Mobile communications, satellite navigation, WLAN, door opener – modern cars use a variety of wireless services. The antennas for transmitting and receiving data mostly are integrated in the “shark fin” on the roof. However, the number of mobile communication systems and the data volumes to be managed increase constantly and even more complex antenna systems are required. Space in the small modules on the roof is getting scarcer. Future autonomous operation of cars in road traffic will even aggravate this problem. Engineers of Karlsruhe Institute of Technology (KIT) have now designed a reconfigurable antenna system that reliably manages large data volumes of various services at the same time. It is presented in the journal Progress in Electromagnetics Research.

“Whoever wishes to transmit large amounts of data of many users at the same time without any errors, has to manage a variety of challenges depending on the environment,” Thomas Zwick, Head of KIT’s Institute of High-frequency Technology and Electronics (IHE), says. An example is mobile communication: Phone calls at highly

populated places, such as Frankfurt airport, may be associated with capacity problems. “Here, many people want to communicate at the same time.” People making phone calls in the Alps, however, often have no network access. “Here, coverage is important.”


As data services of cars frequently are safety-relevant, they have to work reliably anywhere. According to Zwick, the radiation pattern is of decisive importance. Today, car antennas are used, whose electromagnetic field spreads evenly to all sides. “At first glance, this appears to be the right choice, as signals from all angular directions can be received while the car moves,” Jerzy Kowalewski of IHE says. The problem: In urban areas, for instance, signals might be deflected by house walls. The consequence: Incomplete transmission up to complete data loss. In addition, capacity and coverage problems occur. This problem is to be solved by the MIMO (Multiple Input Multiple Output) technology that is part of the new LTE mobile communication standard. However, several antennas with transmitters and receivers will be needed. The systems will become more complex, bigger, and more expensive.


At IHE, researchers tested reconfigurable antenna systems to minimize the number of transmitters and receivers required. Their electromagnetic fields are not static, but can vary their radiation patterns. Like a fisherman, who casts his net alternately – or better, who casts two or more nets at the same time – in various directions and catches more fish in this way. “By switches, certain antenna parts can be switched on or off alternately. As a result, directional characteristics of the transmitters and receivers are changed,” Kowalewski says. “Parallel transmission of data via different propagation paths increases the capacity of the system and the data rate.”

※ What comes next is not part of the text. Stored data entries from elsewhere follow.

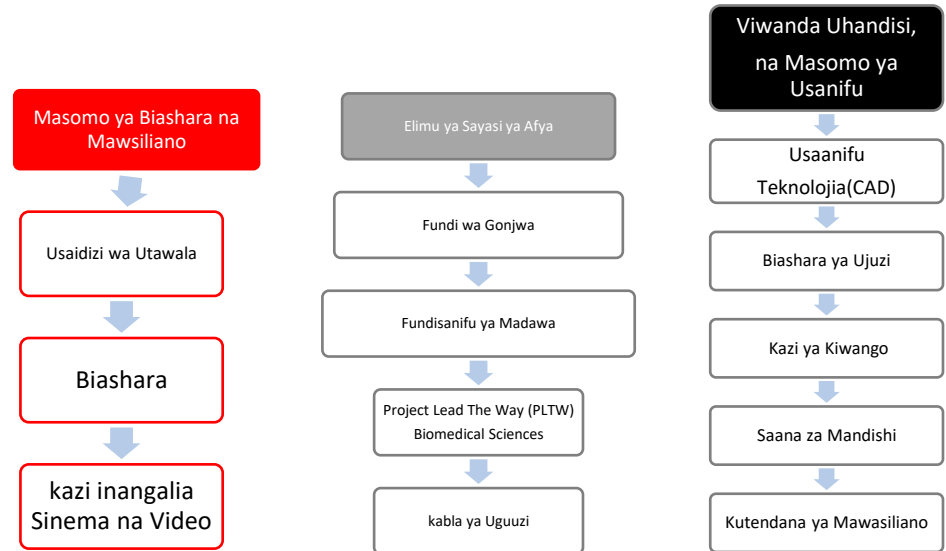

heshima hutoa wanafunzi wote uwezo yakuendelea mbele.na PRP ana desturi ya kuwa na programu ya juu na na walimu wageni wan tia musukumo kwa wanafunzi wenye vipawa na vipaji ili kufikia uwezo wao wote. Wanafunzi wa programu yetu ya juuwanafunzi wetu wa mpango wa juu wanahimiwa darasani na wamezoeakwa mtaala mkali ambao unawawezesha kufanikiwa katika chuo kikuu. Wana funzi wa PRP wana na fasihi mingi ya kunyesha ujuzi wawoWanafunzi wa Prp wana fursa nyingi za kuonyesha ujuzi wao katika mafunzo ya visu na maonyesho. madarasa ni pamoja na: ukumbi wa michezo, ngoma, orchestrbendi, graphicdesign, na Sanaa za Visual Art.s

Wanafunzi wata Fania

- Kudi ndogo ya kujifunza - timu ndogo ya wanafunzi na walimu wana toa mafundisho ya ujuzi.
- Darasa la msingi- Kingereza, hesabu, sayansi, masomo ya kijamii, na ma kozi ingine na Programu ya ku peleleza wanafunzi wa darasa la kwanza ku shule ya sekondari

Wanafunzi wote wa darasa la kwanza ku shule ya sekondari wata pewa nafasi kwa njia ya kazi. kozi ya mwaka mmoja ina

- Award winning visual and performing arts: Theater, Dance, Orchestra, Band, Graphic Design, and Visual Arts.
- Shughuli nyingi za mafanikio ya ziada ya wanafunzi kwa kushiriki

Masomo na Njia Darasa la 9

Masomoya Mwaka wa Kwanza

Darasa la 10-12

Ukweli

Wanafunzi waliandikishwat 1, 700
Anwani: 5901 Greenwood Road,
Louisville, KY 40258
Phone Number: (502) 485-8311
Uongozi wa Shule
Msaidizi waSuperintendent:
Glenn Baete

Mwanachana wa bod: Benjamin M. Gies
Mkurungezi: Kim Salyer
Kocha wa masomo: Josh Lightle
School Website:
<http://schools.jefferson.kyschools.us/high/pleasuridgepark/>

Kowalewski’s system needs less transmitters and receivers. This does not only reduce costs, but also the need of space. Together with researchers of TU Wien, KIT scientists also studied whether their antennas can be lowered into the car roof to save space and to improve aerodynamics. Antenna cavities integrated in the car body may have a volume that exceeds that of conventional shark fin housings by a factor of ten and can be hidden below the roof line. These results were presented at the International Workshop on  Antenna Technology.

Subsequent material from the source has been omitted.